SUPPLIED MATERIAL:

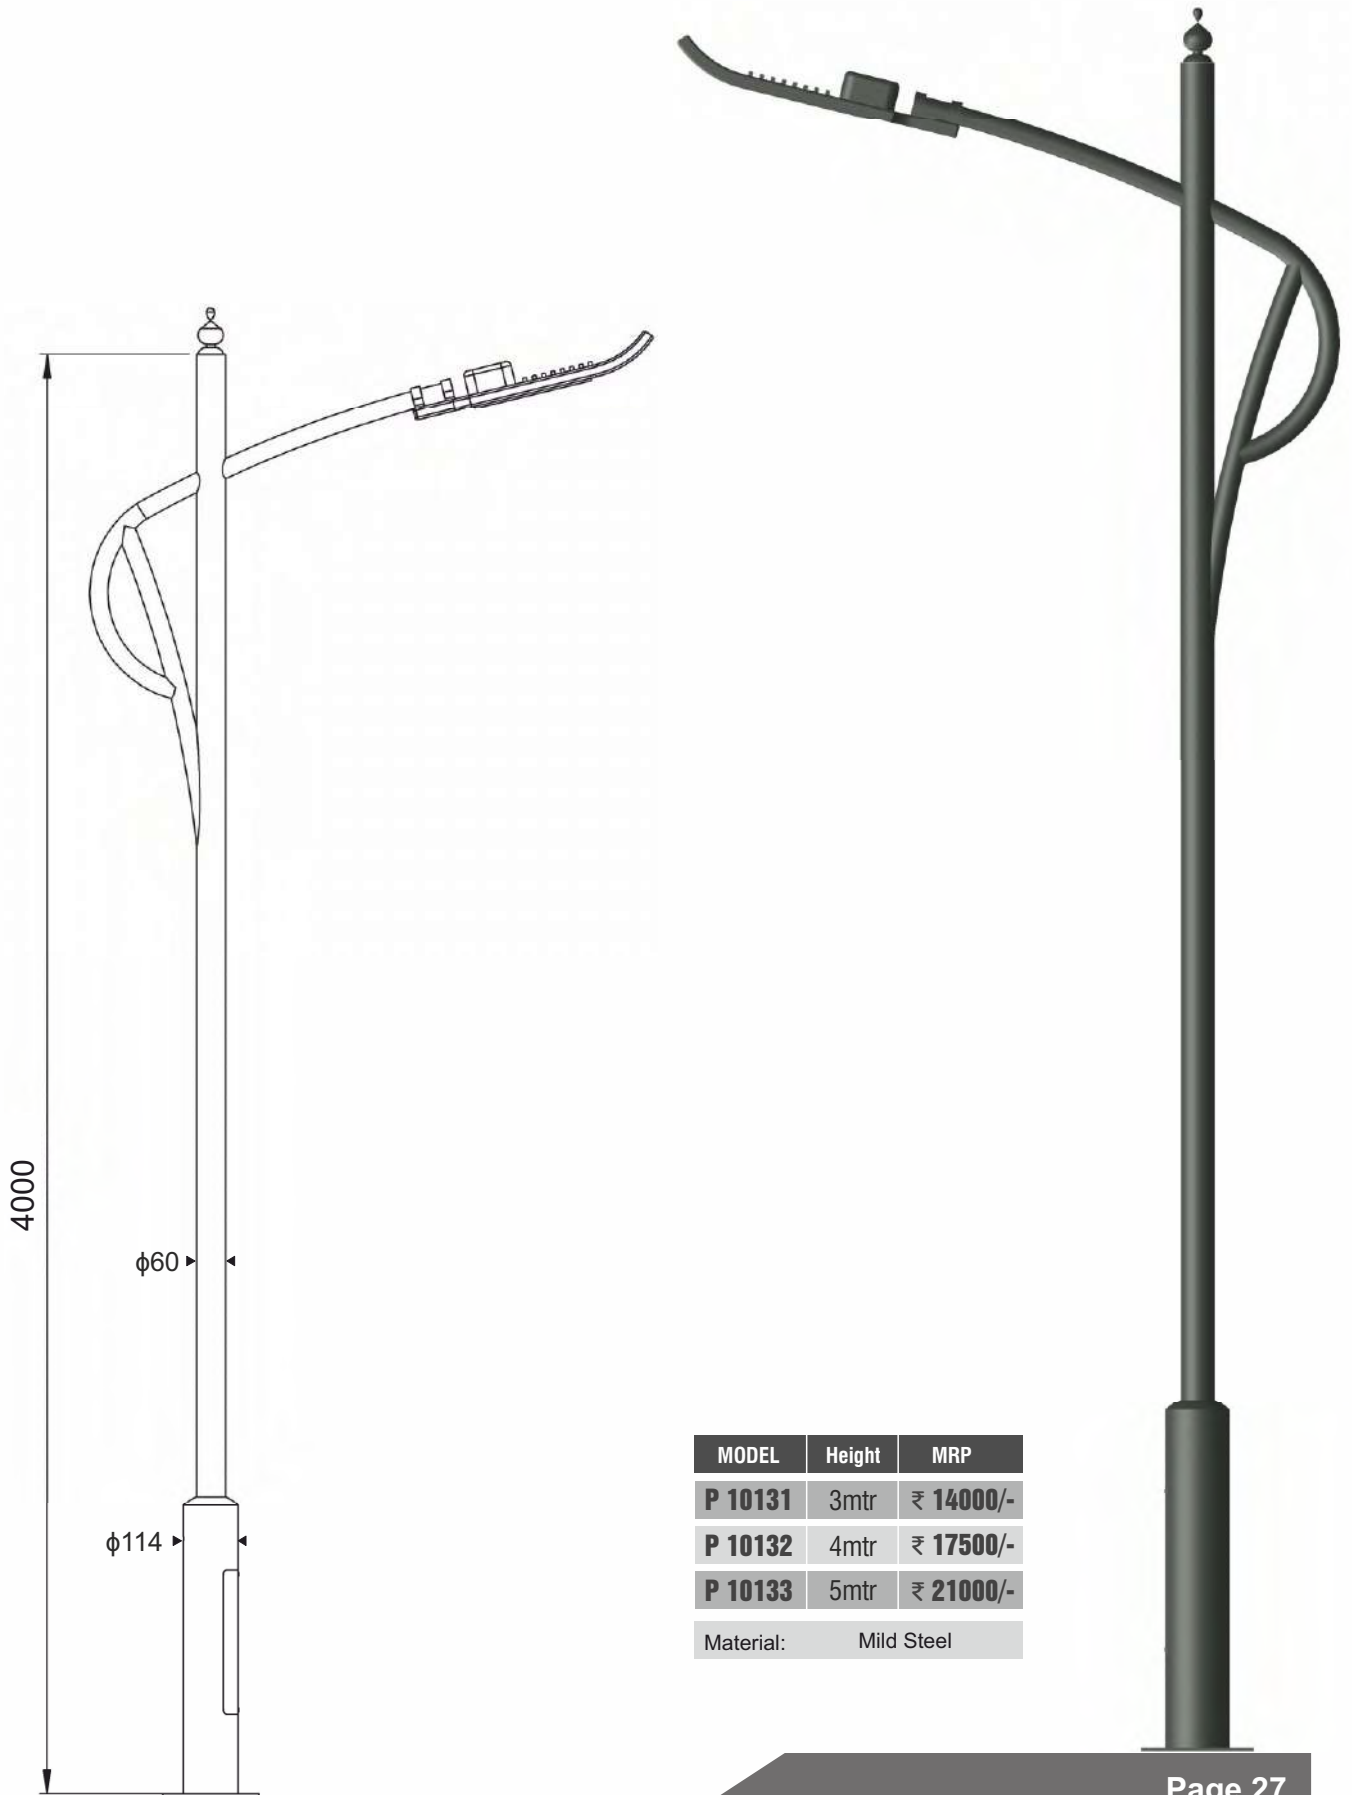

Material: Mild Steel

Decorative Head

Model : P 20280

Dimension: D f 450 / H f 340 / PD f 38

B-22 / 30w / 60w

M.R.P: 4600 / 8000 / 9500

P 20281

D f 600 / H 500 / PD f 38mm

Luciid Pole Light

Fascio Pole Light

MODEL	Height	MRP
P 10101	4mtr	₹ 14000/-
P 10102	5mtr	₹ 17500/-
P 10103	6mtr	₹ 21000/-

Material: Mild Steel

Astre Pole Light

Ikon Pole Light

MODEL	Height	MRP
P 10111	3mtr	₹ 14000/-
P 10112	4mtr	₹ 17500/-
P 10113	5mtr	₹ 21000/-
Material:		Mild Steel

VueeRay Pole Light

Astre Pole Light

MODEL	Height	MRP
P 10121	4mtr	₹ 14000/-
P 10122	5mtr	₹ 17500/-
P 10123	6mtr	₹ 21000/-
Material:	Mild Steel	

Zestrum Pole Light

Leyf Pole Light

Sapphire Pole Light

Radianze Pole Light

Rovasi Pole Light

Double Arm Pole

Breggo Pole Light

Double Arm Pole

MODEL	Height	MRP
P 10151	4mtr	₹ 17500/-
P 10152	5mtr	₹ 19500/-
P 10153	6mtr	₹ 22000/-

Material: Mild Steel

Sparcon Pole Light

Luzid Pole Light

WHAT TO PRODUCE:
Repeat each record exactly as shown above, dropping all images.

SOLUTION TO THIS TASK:
Material: Mild Steel

Decorative Head

Model : P 20280

Dimension: D f 450 / H f 340 / PD f 38

B-22 / 30w / 60w

M.R.P: 4600 / 8000 / 9500

P 20281

D f 600 / H 500 / PD f 38mm

Luciid Pole Light

Fascio Pole Light

MODEL	Height	MRP
P 10101	4mtr	₹ 14000/-
P 10102	5mtr	₹ 17500/-
P 10103	6mtr	₹ 21000/-

Material: Mild Steel

Astre Pole Light

Ikon Pole Light

MODEL	Height	MRP
P 10111	3mtr	₹ 14000/-
P 10112	4mtr	₹ 17500/-
P 10113	5mtr	₹ 21000/-
Material:		Mild Steel

VueeRay Pole Light

Astre Pole Light

MODEL	Height	MRP
P 10121	4mtr	₹ 14000/-
P 10122	5mtr	₹ 17500/-
P 10123	6mtr	₹ 21000/-
Material:	Mild Steel	

Zestrum Pole Light

Leyf Pole Light

Sapphire Pole Light

Radianze Pole Light

Rovasi Pole Light

Double Arm Pole

Breggo Pole Light

Double Arm Pole

MODEL	Height	MRP
P 10151	4mtr	₹ 17500/-
P 10152	5mtr	₹ 19500/-
P 10153	6mtr	₹ 22000/-

Material: Mild Steel

Sparcon Pole Light

Luzid Pole Light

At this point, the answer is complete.